• What to do: What is printed must match, line for line, the records from their first line through the line containing "- Noćni ormarić · Bedside table Sardinia NO2F", with pictures left out.

• Source data:
*** Block opens ***
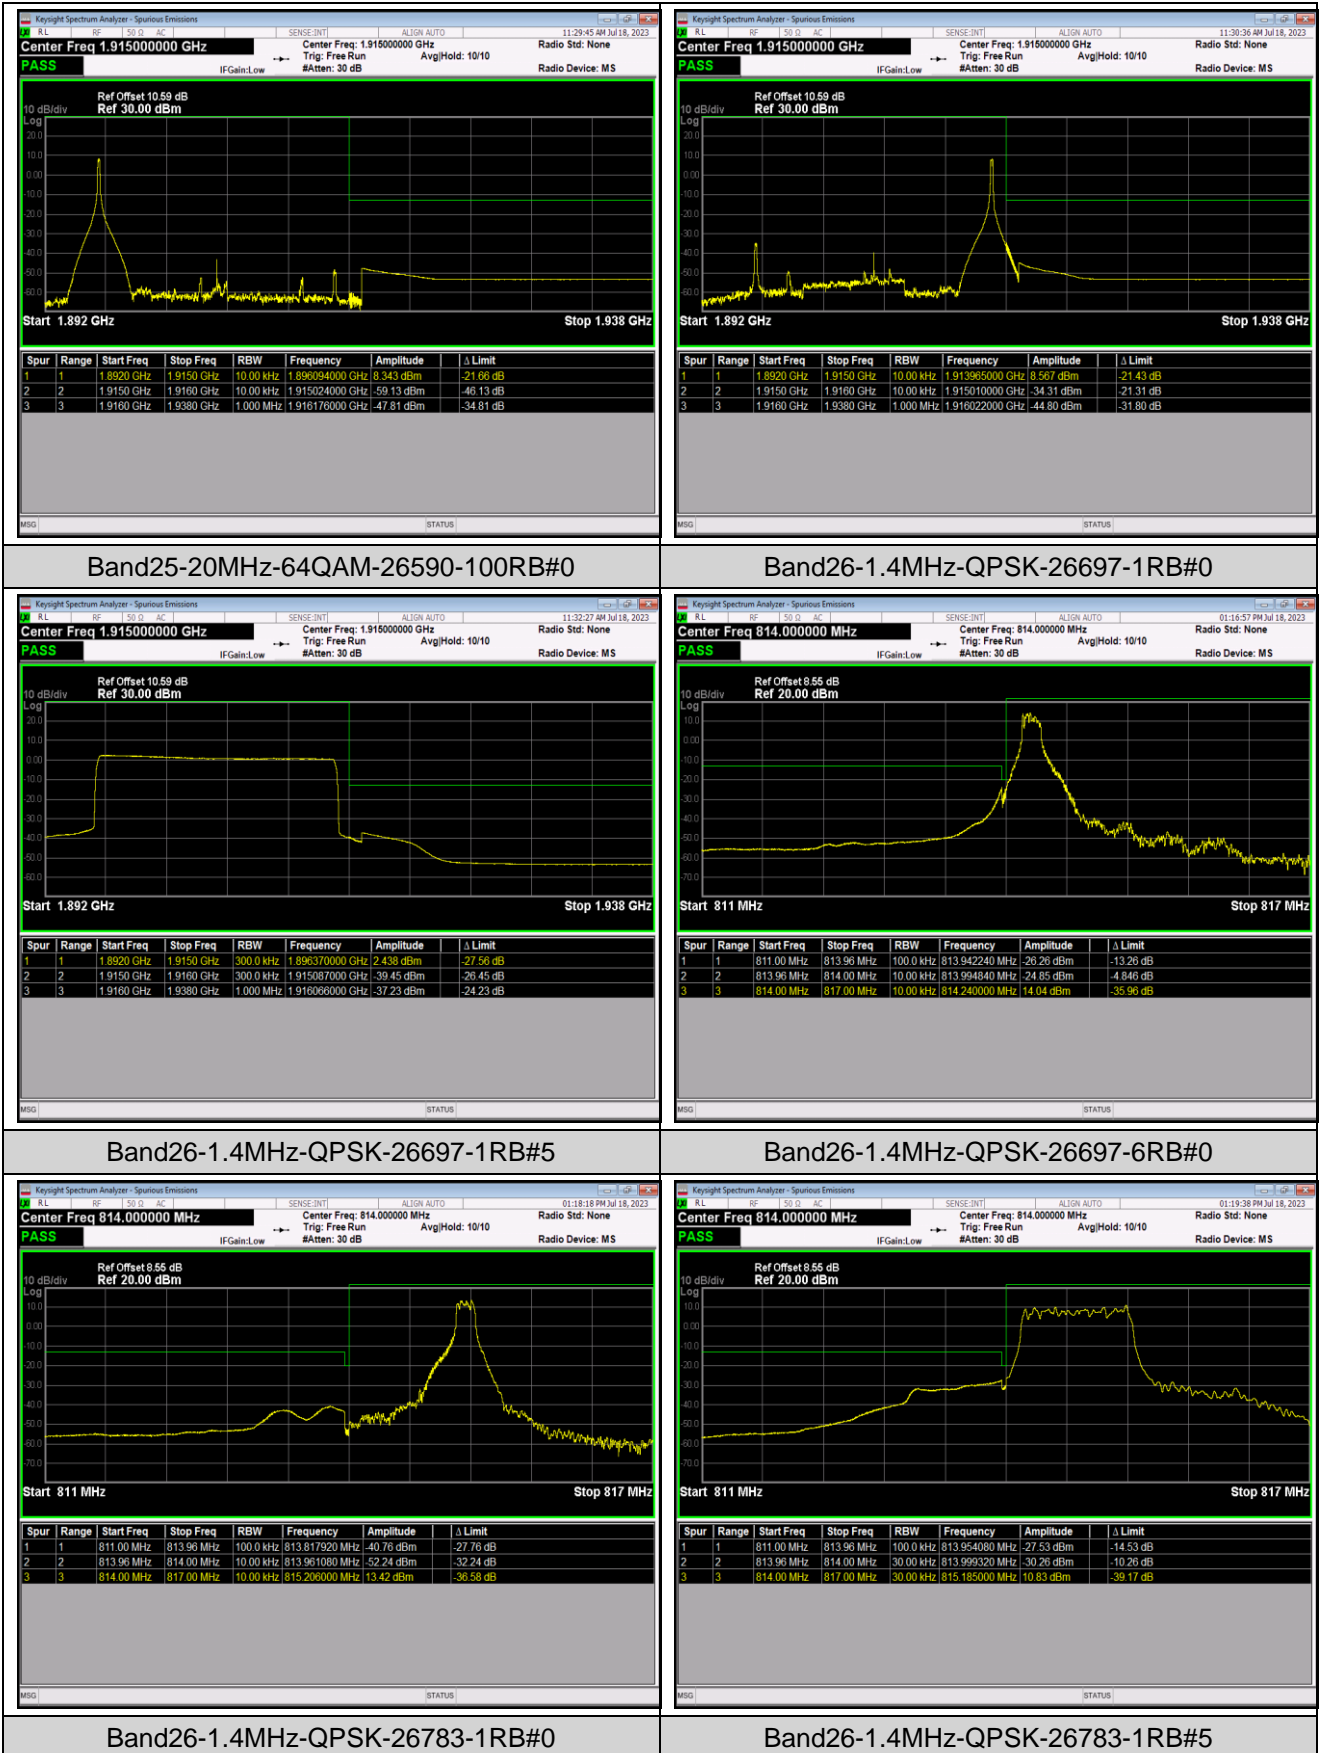

Band25-20MHz-16QAM-26590-1RB#0

Band25-20MHz-16QAM-26590-1RB#99

Band25-20MHz-16QAM-26590-100RB#0

Band25-20MHz-64QAM-26140-1RB#0

Band25-20MHz-64QAM-26140-1RB#99

Band25-20MHz-64QAM-26140-100RB#0

Band25-20MHz-64QAM-26590-1RB#0

Band25-20MHz-64QAM-26590-1RB#99

Band26-1.4MHz-QPSK-26783-6RB#0

Band26-1.4MHz-QPSK-26797-1RB#0

Band26-1.4MHz-QPSK-26797-1RB#5

Band26-1.4MHz-QPSK-26797-6RB#0

Band26-1.4MHz-QPSK-27033-1RB#0

Band26-1.4MHz-QPSK-27033-1RB#5
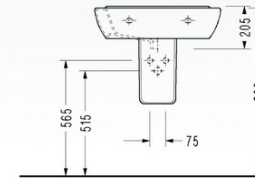

- DE42, DE41, DE01, DE44
- Lavabo
- DE05
- Tam Ayak

- DE42, DE41, DE01, DE44
- DE21
- Yarım Ayak

- DE42, DE41, DE01, DE44
- Lavabo (tezgah üstü)

	A	B	C	D	G	H	I	J
DE42	450	380	150	195	620	570	730	120
DE41	500	400	165	195	605	555	715	135
DE01	600	480	195	205	575	525	690	160
DE44	850	480	195	205	575	525	690	160
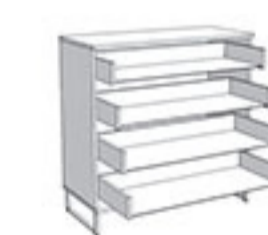

Sardinia

Spavaća soba Bedroom

- Komoda · Cabinet Sardinia 4F
- Garderob · Wardrobe Sardinia 270 OG
- Bračni krevet · Double bed Sardinia 180
- Noćni ormarić · Bedside table Sardinia NO2F

- DODATAK / ADD ON SLOW MOTION ZATVARANJE UT / SLOW MOTION DAMPER UT 11008884
- DODATAK / ADD ON RAM FH 180 / FRAME FH 180 189x18,5x214 CM 11011211
- DODATAK / ADD ON RAM FH 220 / FRAME FH 220 227x18,5x214 CM 11011213
- DODATAK / ADD ON RAM FH 270 / FRAME FH 270 273x18,5x228 CM 11011217
- DODATAK / ADD ON SET LED RASVETE RB 5K / LED LIGHTS RB 5K 11011238
- DODATAK / ADD ON SET LED RASVETE RB 6K / LED LIGHTS RB 6K 11011236
- DODATAK / ADD ON SET LED RASVETE RB UL / LED LIGHTS RB UL 11011237
- RUČICA/HANDLE DUŽINA/ LENGTH 200 CM METAL/CRNA METAL/BLACK
- RUČICA/HANDLE DUŽINA/LENGTH 32,9 CM PLASTIČNA SA ALUMINIJUMSKIM IVICAMA/ CRNA · PLASTIC WITH ALUMINUM EDGES/BLACK

Sardinia 270 OG

Garderob · Wardrobe
262,5x65,5x224 cm

ARTISAN HRAST/CRNA
ARTISAN OAK/BLACK
11011185

* mogućnost dodavanja usporivača (UT) i rama Fh za garderob 270/optional slow motion damper (UT) and Frame Fh 270
** mogućnost dodavanja rasvete (set LED rasvete Rb UL i/ili set LED rasvete Rb 6k) / light optional (LED lights Rb UL and/or LED lights Rb 6k)

Sardinia 270

Garderob · Wardrobe
262,5x65,5x224 cm

ARTISAN HRAST/CRNA
ARTISAN OAK/BLACK
11011184

* mogućnost dodavanja usporivača (UT) i rama Fh za garderob 270/optional slow motion damper (UT) and Frame Fh 270
** mogućnost dodavanja rasvete (set LED rasvete Rb UL i/ili set LED rasvete Rb 6k) / light optional (LED lights Rb UL and/or LED lights Rb 6k)

Sardinia 220 OG

Garderob · Wardrobe
217x62,5x210 cm

ARTISAN HRAST/CRNA
ARTISAN OAK/BLACK
11008292
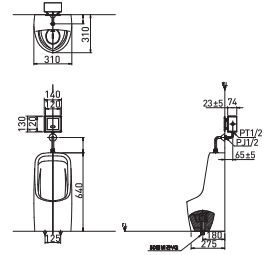

# KIDS

LOVELY PLEASURE

즐거운 욕실습관을 길러주는 사랑스러운 배려

**RWC229A-S** C760  
유아용 서양식 탱크 밀결형 양변기 (6L)

**RWL304B** C630  
유아용 평면볼임 세면기 (2.8L)

**RWU651** U332  
유아용 트랩 내장형 스톨소변기
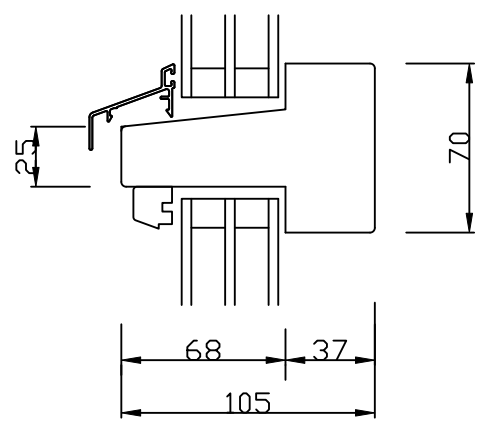

KARMPOSTER

KP 70

KP 84

KTP 70

KTP 84

BÅGPOSTER

BP M

BP MA

BTP M

BTP MA

BTP MB

	Product	Product group	General tolerance	Page
	KARM OCH BÅGPOSTER TRÄ		Ho Jon Skjutdörrar AB	1/1
	Drawn by	A3 Scale	Ver.	Drawing No.
	Date	2021-07-09	Rev.	85-38-KP/BP
*** Block closes ***
• Answer to the problem:
Band25-20MHz-16QAM-26590-1RB#0

Band25-20MHz-16QAM-26590-1RB#99

Band25-20MHz-16QAM-26590-100RB#0

Band25-20MHz-64QAM-26140-1RB#0

Band25-20MHz-64QAM-26140-1RB#99

Band25-20MHz-64QAM-26140-100RB#0

Band25-20MHz-64QAM-26590-1RB#0

Band25-20MHz-64QAM-26590-1RB#99

Band26-1.4MHz-QPSK-26783-6RB#0

Band26-1.4MHz-QPSK-26797-1RB#0

Band26-1.4MHz-QPSK-26797-1RB#5

Band26-1.4MHz-QPSK-26797-6RB#0

Band26-1.4MHz-QPSK-27033-1RB#0

Band26-1.4MHz-QPSK-27033-1RB#5

- DE42, DE41, DE01, DE44
- Lavabo
- DE05
- Tam Ayak

- DE42, DE41, DE01, DE44
- DE21
- Yarım Ayak

- DE42, DE41, DE01, DE44
- Lavabo (tezgah üstü)

	A	B	C	D	G	H	I	J
DE42	450	380	150	195	620	570	730	120
DE41	500	400	165	195	605	555	715	135
DE01	600	480	195	205	575	525	690	160
DE44	850	480	195	205	575	525	690	160

Sardinia

Spavaća soba Bedroom

- Komoda · Cabinet Sardinia 4F
- Garderob · Wardrobe Sardinia 270 OG
- Bračni krevet · Double bed Sardinia 180
- Noćni ormarić · Bedside table Sardinia NO2F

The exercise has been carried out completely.